A device that can convey visual information to a blind person via the tongue, patented almost 20 years ago by a visionary University of Wisconsin—Madison doctor, is now on the market after a long campaign by the company he founded.
One year after attaining Food and Drug Administration approval of its revolutionary system, Wicab Inc. has sold more than 40 of them for $10,000 apiece. That’s a lot of money, but the company expects sales to improve if and when it qualifies for insurance reimbursement.

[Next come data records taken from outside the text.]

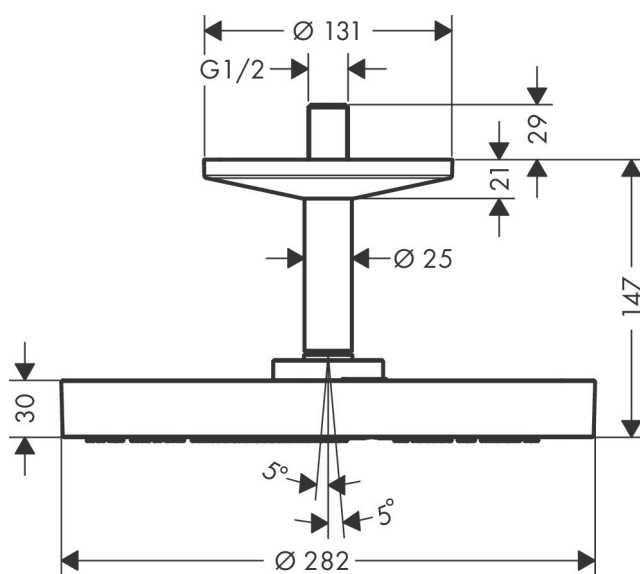

Ritning

Teknologi

Funktioner

- bestående av: huvuddusch, duscharm för takmontage
- duschhuvudsstorlek: 280 mm
- stråltyp: PowderRain och Rain i kombination
- kuller: huvuddusch med inställningsbar vinkel
- material strålskiva: metall
- metalltaksanslutning
- takanslutningslängd: 120 mm
- maximal flödesmängd vid 3 bar: 12,2 l/min
- takduschen kan avmonteras vid rengöring
- tak
- anslutningsgänga G 1/2
- ljudklass: II
- flödesklass: A
- inte inkluderad: inbyggnadsdel
- P-IX 29944/IIA

Designpriser

In the BrainPort V100 vision aid system, a video camera positioned between the eyes connects to a processor that feeds electrical pulses to a plate on the tongue, where a dense network of sensory nerves picks up tiny stimuli. Finally, as with normal vision, the brain interprets incoming sensations to make a picture of the world.

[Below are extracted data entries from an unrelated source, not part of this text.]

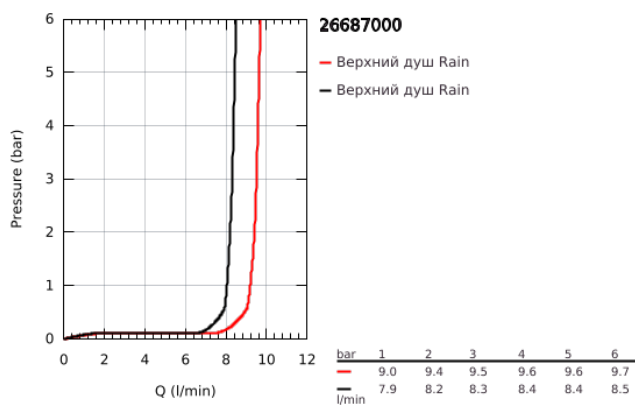

26 687 000 TEMPESTA 250 CUBE ВЕРХНИЙ ДУШ С ДУШЕВЫМ КРОНШТЕЙНОМ 380 ММ, 1 РЕЖИМ СТРУИ

ОПИСАНИЕ ПРОДУКТА

- Colour: хром
- в комплект входят:
- верхний душ Tempesta 250 Cube (26 685)
- душевая струя Rain
- maximum flow rate (at 3 bar): 8.3 l/min
- тыльная часть верхнего душа белая
- душевой кронштейн 380 мм
- GROHE EcoJoy Технология совершенного потока при уменьшенном расходе воды
- GROHE DreamSpray превосходный поток воды
- GROHE LongLife Finish - стойкое долговечное покрытие
- GROHE SpeedClean система против известковых отложений
- Inner WaterGuide - внутренняя изоляция потока воды
- может использоваться с проточным водонагревателем
- профессиональная серия

26 687 000 **TEMPESTA 250 CUBE ВЕРХНИЙ ДУШ С ДУШЕВЫМ КРОНШТЕЙНОМ 380 ММ, 1 РЕЖИМ СТРУИ**

ЗАПАСНЫЕ ЧАСТИ

- 1: Уплотнение Ø18,5 x Ø12 x 2 (Spare part-nr. 0138900M)
- 2: Сетка (Spare part-nr. 48007000)
- 3: Розетка (Spare part-nr. 48118000)

The company was formed by the late Paul Bach-y-Rita, a pioneer in the field of neuroplasticity — the idea, until recently considered heretical, that the adult brain can learn and change substantially with training. As a doctor of rehabilitation medicine at UW–Madison, he grew fascinated with one aspect of neuroplasticity: the idea of sensory substitution.
The blind have long substituted for vision by feeling the bumps of Braille text or listening to talking books, but Bach-y-Rita had a more radical idea. After experimentally placing visual stimuli on the back and elsewhere, he settled on the tongue. Packed with sensory nerves that are tightly connected to the brain, the tongue “excelled compared to all the body parts he tested,” says Wicab CEO Robert Beckman. “It provided the most information to the user.”
With that realization, Bach-y-Rita formed Wicab in 1998 and began the long struggle toward acceptance. Initially, the company focused on a balance-restoring device that also stimulated the tongue. But by early 2010, after five years of development, the device had failed its ultimate FDA submission study.
Wicab was near bankruptcy.
Failure was more than a remote possibility as the company pondered bringing the vision device to market — until two of the deepest pockets in technology stepped in. In late 2010, the U.S. Army supplied $3.2 million to fund development of BrainPort.
And then, during a demonstration at Google, an Air Force airman who was blinded by a roadside bomb put the device in his mouth and was soon navigating the room based on visual input to his tongue.
“It blew the Google people away,” including Google co-founder Eric Schmidt, who witnessed the demonstration, Beckman says. Google provided $2.5 million over three years to fund the FDA approval study, without taking any rights or ownership. “It was a gift from Google,” says Beckman, who began working at the firm before Bach-y-Rita’s death in 2006.
With 12 fulltime employees in Middleton, significant backing from investors and FDA approval for the vision device, Wicab is finally on solid footing, Beckman says. Significantly, it also has a license from the Wisconsin Alumni Research Foundation on Bach-y-Rita’s patent that “broadly covers any device which delivers information through the tongue via electrical stimulation,” says Vice President of Sales Bill Conn.
During the recommended 10 hours of training, a blind person learns to associate the tingling sensations from 400 electrodes into an outline of the surrounding world. Strong contrasts and fast movement show up clearly; the system is not sufficiently fine-grained to display normal text.
The idea that vision can be translated to the tongue may be hard to swallow, and indeed Wicab “does not call it vision,” says Conn, “but the people who use it often call it vision. BrainPort does not replace a cane or a dog, it’s an additional sensory input. It’s like learning a new language — the more you stay with it, the better you get at it.”
As Wicab moves ahead with marketing in China, Canada, Europe and the United States, it is developing a second-generation device that incorporates the electronic controller into the headpiece. More important, the device will connect wirelessly to a mobile phone or tablet to enable mobile applications. The initial app will cause the phone to vibrate when it finds an exit sign or a men’s or woman’s restroom.
As BrainPort gets smarter, Beckman sees an analogy to the advances in driverless cars.
“Everything a driverless car can do, we’d like to do as well. A car needs to stay in the lane, and our users need to stay on the sidewalk. I have this vision that you are coming to a crosswalk and your phone vibrates in your pocket, telling you exactly when the walk light is activated.”